Localizing Sustainability Communications
Climate change and human rights are global concerns. But communication about them still needs to be localized.
As with any larger localization effort, the first step is language. For example, the Hugo Boss website includes a page dedicated to their sustainability efforts. It’s available in both German and English and includes clearly outlined values, accomplishments, and measurable goals. Similarly, Ferragamo’s sustainability page, which is available in eight languages, includes a timeline of specific measures they’ve taken over the last seven years and breaks down the brand’s sustainability efforts into categories. They prove that they are thinking about their materials, production process, employees, and the surrounding communities.

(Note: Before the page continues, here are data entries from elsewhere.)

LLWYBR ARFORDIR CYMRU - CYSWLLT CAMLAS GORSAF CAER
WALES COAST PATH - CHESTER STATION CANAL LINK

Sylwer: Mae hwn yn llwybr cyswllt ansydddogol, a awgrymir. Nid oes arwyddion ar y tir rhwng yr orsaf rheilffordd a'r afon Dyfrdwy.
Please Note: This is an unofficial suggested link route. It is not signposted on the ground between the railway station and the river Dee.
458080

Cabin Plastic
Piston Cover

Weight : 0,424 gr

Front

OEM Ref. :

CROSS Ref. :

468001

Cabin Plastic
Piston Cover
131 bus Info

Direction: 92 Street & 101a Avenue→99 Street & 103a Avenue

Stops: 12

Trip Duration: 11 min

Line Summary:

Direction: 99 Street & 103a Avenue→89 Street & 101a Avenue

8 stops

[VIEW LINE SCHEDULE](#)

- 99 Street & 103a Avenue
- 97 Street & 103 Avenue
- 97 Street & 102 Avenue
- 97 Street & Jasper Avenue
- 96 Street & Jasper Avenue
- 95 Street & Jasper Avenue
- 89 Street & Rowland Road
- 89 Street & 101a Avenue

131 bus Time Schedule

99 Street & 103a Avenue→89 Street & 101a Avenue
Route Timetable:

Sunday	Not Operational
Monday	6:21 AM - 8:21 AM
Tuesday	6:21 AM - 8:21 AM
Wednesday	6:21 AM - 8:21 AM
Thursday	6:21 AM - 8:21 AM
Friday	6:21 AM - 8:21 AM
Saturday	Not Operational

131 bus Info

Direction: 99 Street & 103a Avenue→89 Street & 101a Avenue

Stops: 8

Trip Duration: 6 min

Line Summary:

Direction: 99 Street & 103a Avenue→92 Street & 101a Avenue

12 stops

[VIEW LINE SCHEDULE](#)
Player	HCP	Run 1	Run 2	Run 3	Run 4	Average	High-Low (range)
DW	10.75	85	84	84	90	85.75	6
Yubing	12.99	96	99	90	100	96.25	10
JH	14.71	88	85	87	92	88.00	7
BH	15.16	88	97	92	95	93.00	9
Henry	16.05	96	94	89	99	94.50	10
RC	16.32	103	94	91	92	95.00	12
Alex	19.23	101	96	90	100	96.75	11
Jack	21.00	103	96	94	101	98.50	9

However, as with all localization, communicating about sustainability must go beyond translation. Certifications are one of the most recognizable ways to show your commitment to sustainability. Many of the most recognizable standards, including Fairtrade, Rainforest Alliance, and the Global Organic Textile Standard, are international. But Australia primarily recognizes the local GECA label, the US has several domestic eco-labels for energy usage, the Association of Southeast Asian Nations is currently developing its own standards, and the EU has at least another 13 active certifications.
Sustainability Itself is Local
Putting aside how companies communicate, different elements of sustainable fashion itself carry different weight in markets around the world. For retailers to succeed locally, they need to understand what efforts are most meaningful to consumers in different parts of the world. Climate, culture, and history will all influence what matters to their target markets in different locales.

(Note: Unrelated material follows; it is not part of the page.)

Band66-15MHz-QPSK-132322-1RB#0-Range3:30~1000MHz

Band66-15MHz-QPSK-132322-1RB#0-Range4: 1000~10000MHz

The same is true when it comes to ethical labor practices. For example, when Selfridge’s department store shut its doors in March of 2020, the company also announced that it would continue paying employees. As a British icon, safeguarding the wellbeing of its local employees was critical. Meanwhile, in the US, the growth of the BLM movement brought attention to the lack of diversity in advertising and hiring at companies like Anthropologie. To satisfy their increasingly racially aware US customers, who demanded ethical treatment and fair representation, they would need to pivot their hiring and marketing practices.
Go Above and Beyond
Consumers are looking more closely than ever at what goes into the things they buy. However, they’re also looking more broadly at the people they buy from. Companies whose CEOs have expressed racism and homophobia can lose business, even when those values are irrelevant to the product or its production. On the other hand, brands have learned to earn customer loyalty by contributing where it’s needed, even when their contribution is irrelevant to their products. For example, Gucci’s Chime for Change program supports educational causes in Africa and Asia, while Cartier’s Women’s Initiative promotes female entrepreneurs from around the world.

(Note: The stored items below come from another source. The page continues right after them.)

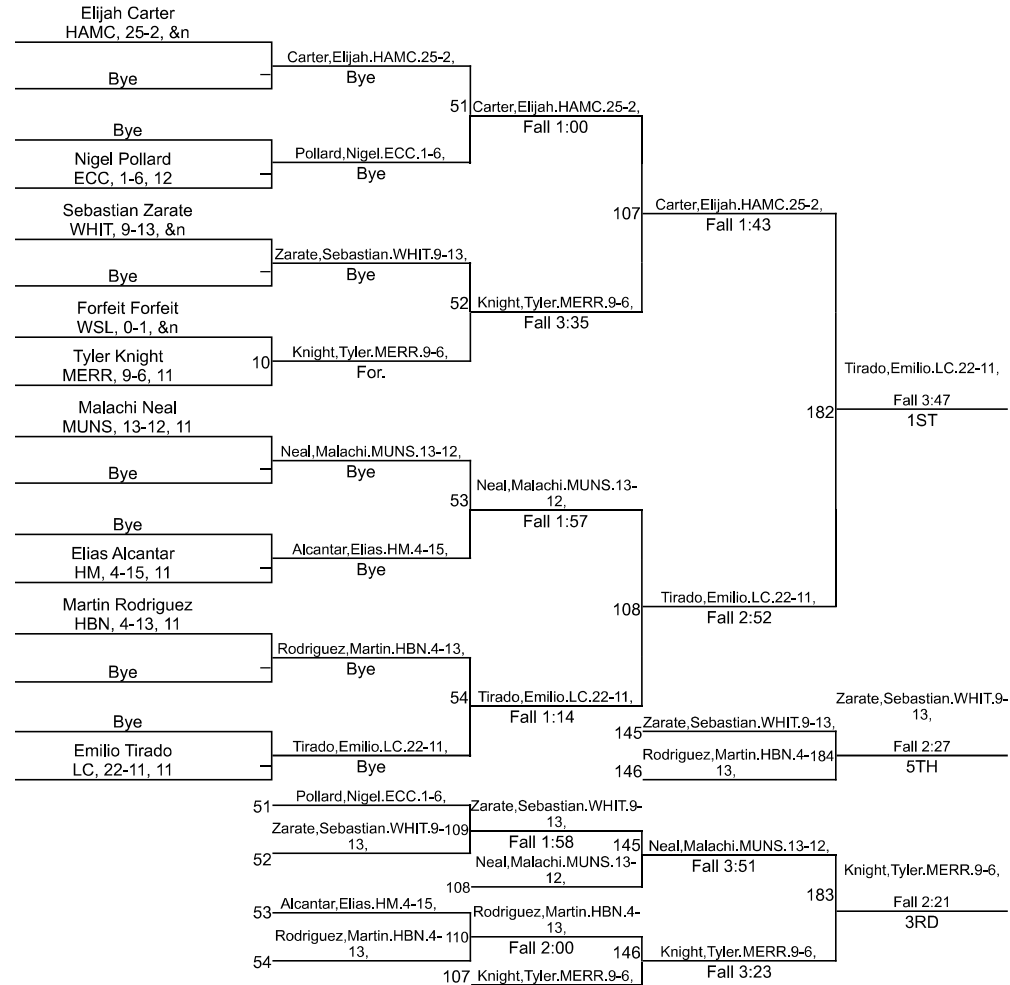

Team Scores

Printed on 01/27/2024 08:04 p.m.

Team Scores		
1	Lake Central	284.0
2	Merrillville	277.0
3	Munster	190.5
4	Hammond Central	148.5
5	Hammond Bishop Noll	88.5
6	Hammond Morton	64.0
7	Whiting	56.0
8	East Chicago Central	49.5
9	West Side Leadership	49.0

IHSAA East Chicago Central Sectional

IHSAA East Chicago Central Sectional

150

IHSAA East Chicago Central Sectional

165

IHSAA East Chicago Central Sectional

175

IHSAA East Chicago Central Sectional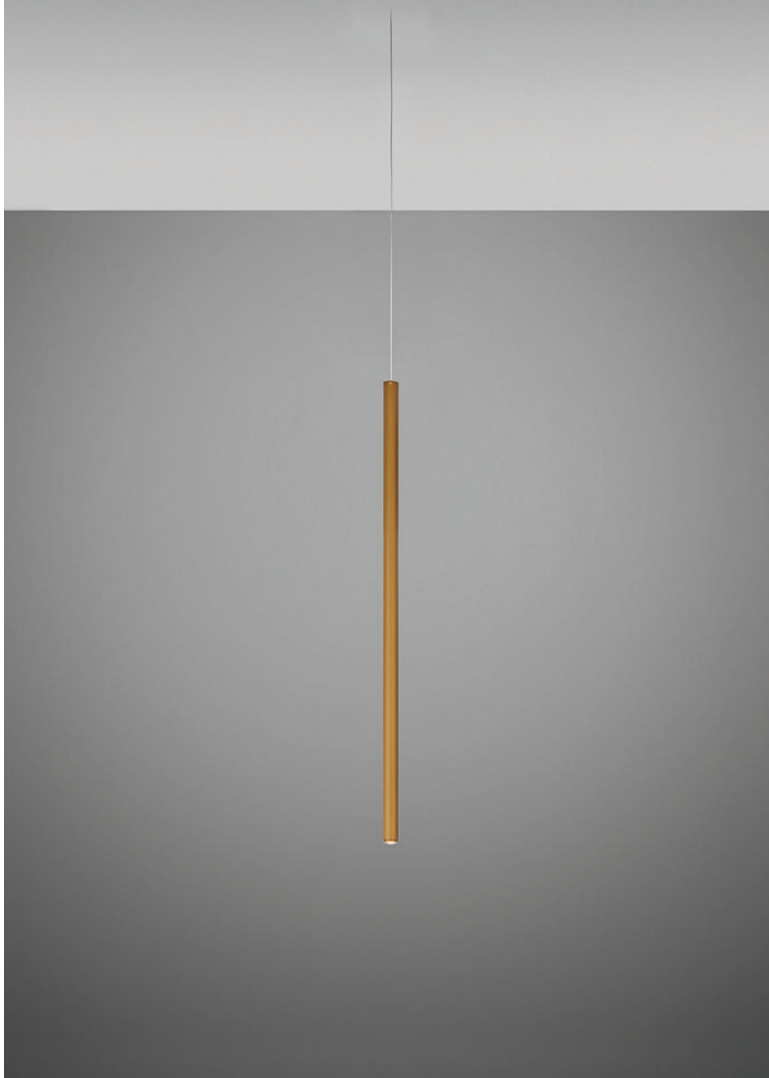

Ari F55

F55L72A76

Marco Spatti & Marco Pietro Ricci

Fixture type

Project name

Dimensions

Material

Metal

Color

 Bronze

Other colors available

Check online www.fabbian.us

Included accessories

LED

Not included accessories

Driver for powering fixture / fixtures. Driver is sized to match the custom system design. Canopy or J-box with cover plate or trimless mounting kit

Description

35.5 inch pendant component of the Multispot Ari series- featuring minimal metal cylinders with a bronze finish, 98.5inch cord length, and 3500K 3.4W LED for direct illumination.

Voltage

24VDC

Dimmable

Driver Dependent

Specs

DRY

Light source and Technical

Lamp type: LED 1x4W

Wattage: 4W

Color temperature: 3500K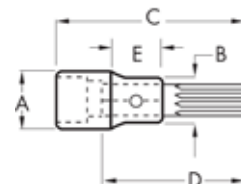

1/4" OPEN STOCK
BIT SOCKETS

HEX Bit Sockets 1/4" Drive

Item No.	Bit Size	Drive End (inch) A	Nose Dia. (inch) B	Overall Length (inch) C	Bit Length (inch) D	Length to Shoulder E	Weight (lbs)
80151	1/16"	0.508	0.508	1.530	0.984	N/A	0.059
80152	5/64"	0.508	0.508	1.530	0.984	N/A	0.059
80153	3/32"	0.508	0.508	1.530	0.984	N/A	0.059
80154	7/64"	0.508	0.508	1.530	0.984	N/A	0.059
80155	1/8"	0.508	0.508	1.530	0.984	N/A	0.059
80156	9/64"	0.508	0.508	1.530	0.984	N/A	0.059
80157	5/32"	0.508	0.508	1.530	0.984	N/A	0.059
80158	3/16"	0.508	0.508	1.530	0.984	N/A	0.059
80159	7/32"	0.508	0.508	1.530	0.984	N/A	0.059
80160	1/4"	0.508	0.508	1.530	0.984	N/A	0.059
80161	2 mm	0.508	0.508	1.530	0.984	N/A	0.059
80162	2.5 mm	0.508	0.508	1.530	0.984	N/A	0.059
80163	3 mm	0.508	0.508	1.530	0.984	N/A	0.059
80164	4 mm	0.508	0.508	1.530	0.984	N/A	0.059
80165	5 mm	0.508	0.508	1.530	0.984	N/A	0.059
80166	6 mm	0.508	0.508	1.530	0.984	N/A	0.059

TRIPLE SQUARE Bit Socket

Item No.	Bit Size	Drive End (inch) A	Nose Dia. (inch) B	Overall Length (inch) C	Bit Length (inch) D	Length to Shoulder E	Weight (lbs)
80167	4 mm	0.508	0.508	1.290	0.748	N/A	0.070
80168	5 mm	0.508	0.508	1.290	0.748	N/A	0.070
80169	6 mm	0.508	0.508	1.290	0.748	N/A	0.070
80170	8 mm	0.560	0.560	1.290	0.748	N/A	0.070

Right for the World. Right for Business.
Creating an ethically and ecologically-sustainable business model is the right thing to do. It’s also the only financially viable option for the long term. Brands in every industry need to work toward sustainability and then they need to support their own efforts by communicating the work that they do to customers in their own language.
Both of these steps demand localization. Once you find out what sustainability initiatives are the most important in the markets where you operate, you’ll be ready to find the best way to get the message across.